Rachel Reeves should remove stamp duty from the purchase of shares in smaller firms as a first step in abolishing the levy completely from the UK stock market, campaigners said this weekend.
The Mail on Sunday is campaigning for the tax to be scrapped to encourage investment in the UK stock market and create a level playing field with other countries.

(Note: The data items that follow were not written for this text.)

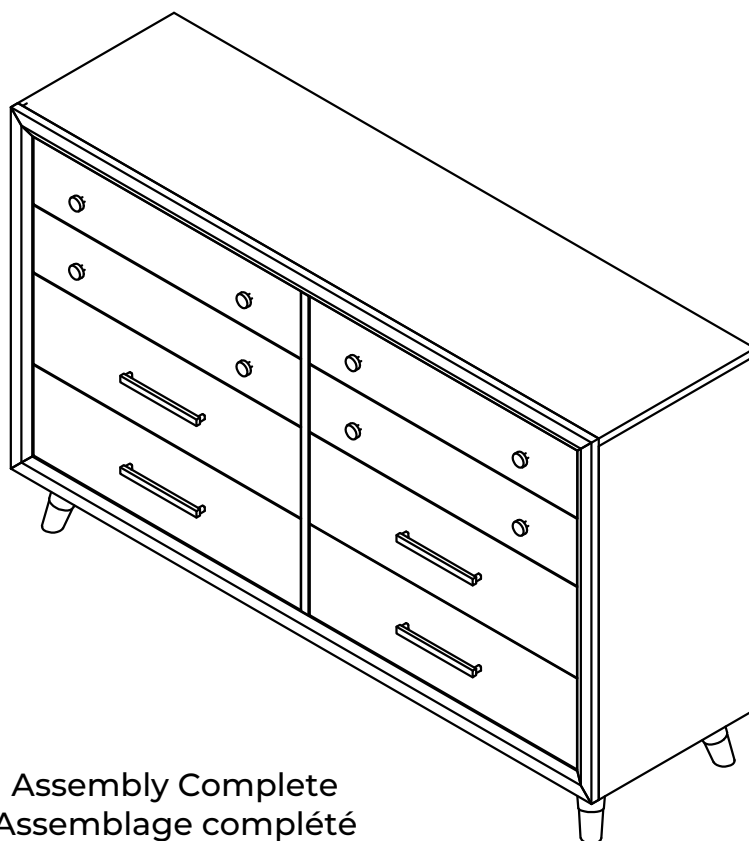

Hewitt Dresser
Bureau Hewitt

Assembly Instructions / Instructions d'assemblage

**URBAN
BARN**

Step 3:
Étape 3 :

Assembly Complete
Assemblage complété
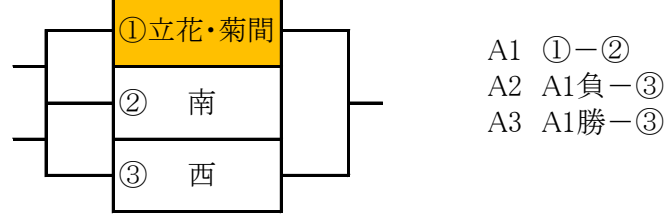

令和元年度 今治・越智中学校新人体育大会 組み合わせ

野球 10月2日(水)～4日(金)今治市営球場 《雨天順延》

バレーボール 10月2日(水)～3日(木) 菊間緑の広場公園運動場総合体育館

男子:決勝リーグ戦 (Aコート)

女子:1日目 予選グループ戦(B・Cコート)

女子:2日目 順位決定戦(Bコート)

サッカー 10月2日(水)～4日(金) 桜井海浜ふれあい広場 《雨天決行》

(試合時間)

- ①9:30～10:30
- ②10:45～11:50
- ③12:00～13:05(最終日のみ14:00～15:05)
- ④13:15～14:20

バスケットボール 10月2日(水) 男子:大西体育館、女子:波方体育館
10月3日(木) 男女:大西体育館

男子:予選リーグ(1日目)

(試合時間)

- ①9:00
- ②10:20
- ③11:40
- ④13:00
- ⑤14:20
- ⑥15:40
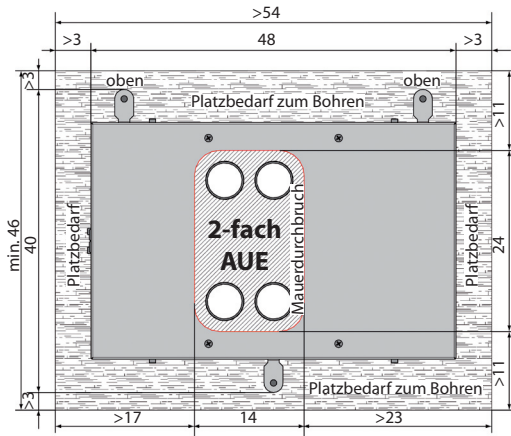

Planungs- und Montagehinweis für Punktabsaugung mit Umschalteneinheit

- ▶ Mit dieser Pellets-Raumaustragung ist ein Saugtransport bis zu 20 m Schlauchlänge bei einer Höhendifferenz von max. 3 m möglich.
- ▶ 2-fach, 3-fach und 4-fach Ausführung als automatische, manuelle, flexible Mehrfachsysteme möglich.
- ▶ Durch die flexible Positionierung der Punktabsaugung ist eine Anpassung auch an enge oder L-förmige Räume möglich.
- ▶ Anforderungen an den Brennstoff-Lagerraum legt die lokale Bauordnung fest.
- ▶ Um eine statische Aufladung zu vermeiden, sind Einblas- und Retourluftstutzen sowie die Pellets-Saugschläuche zu erden.
- ▶ Die Umschalteneinheit und die Punktabsaugungen müssen problemlos zugänglich sein.

automatisch

manuell

RPSD3 Dreifach-Ausführung

Schrauben im Lieferumfang enthalten – Montage ohne Dübel!
Bohrloch $\varnothing = 6$ mm

Jeder Schlauch muss durch den Erdungsdraht mit dem Metallgehäuse verbunden werden (Litze nach innen biegen und mitklemmen)

Mauerdurchbruch für automatische 4-fach Umschalteinheit

Mauerdurchbruch für automatische 3-fach Umschalteinheit

Mauerdurchbruch für automatische 2-fach Umschalteinheit

Mauerdurchbruch für manuelle 3-fach Umschalteinheit

Mauerdurchbruch für manuelle 2-fach Umschalteinheit

waagrechte Montage automatische 3-fach Umschalteinheit

waagrechte Montage automatische 3-fach Umschalteinheit mit Wandkonsole

Wandstärke und Ebenheit der Mauer

The Chancellor is reluctant to forgo the revenue despite it reducing activity on London markets, which further cuts the tax take.
Scrapping the tax would boost small investors, who have seen their Isas and pensions hammered in Donald Trump’s tariff mayhem.

Under pressure: Rachel Reeves should remove stamp duty from the purchase of shares in smaller firms as a first step in abolishing the levy completely from the UK stock market
The Investment Association, which represents about 250 money managers looking after £9.1 trillion of assets, is now proposing that abolition should be phased in.
It has put forward a blueprint for ‘incremental reductions’ in the tax for sectors that the Government wants to ‘actively support and promote’, such as small and medium-sized firms or those operating in medicine and defence. The UK charges 0.5 per cent stamp duty on share purchases, compared with 0.3 per cent in France, 0.2 per cent in Hong Kong and zero in the US.
As the tax is only charged on UK-registered firms, it incentivises investors to put their money in stocks listed elsewhere.
‘It is unrealistic to expect UK equities to compete in international capital markets unless there is a level playing field on transaction costs,’ the Investment Association said, while acknowledging ministers would be ‘concerned’ about losing tax revenue. But it pointed out that over the past decade, the amount brought in had ‘diminished significantly’.
It said: ‘With less listing and trading in London, the revenue raised by the tax has fallen from a 2007-8 high of £4.1 billion to £3.78 billion in 2022-3. Adjusted for inflation, this represents a staggering 44 per cent drop.’
The association added that the tax take was ‘likely to fall further’ as the UK lags behind rival markets with lower tax rates.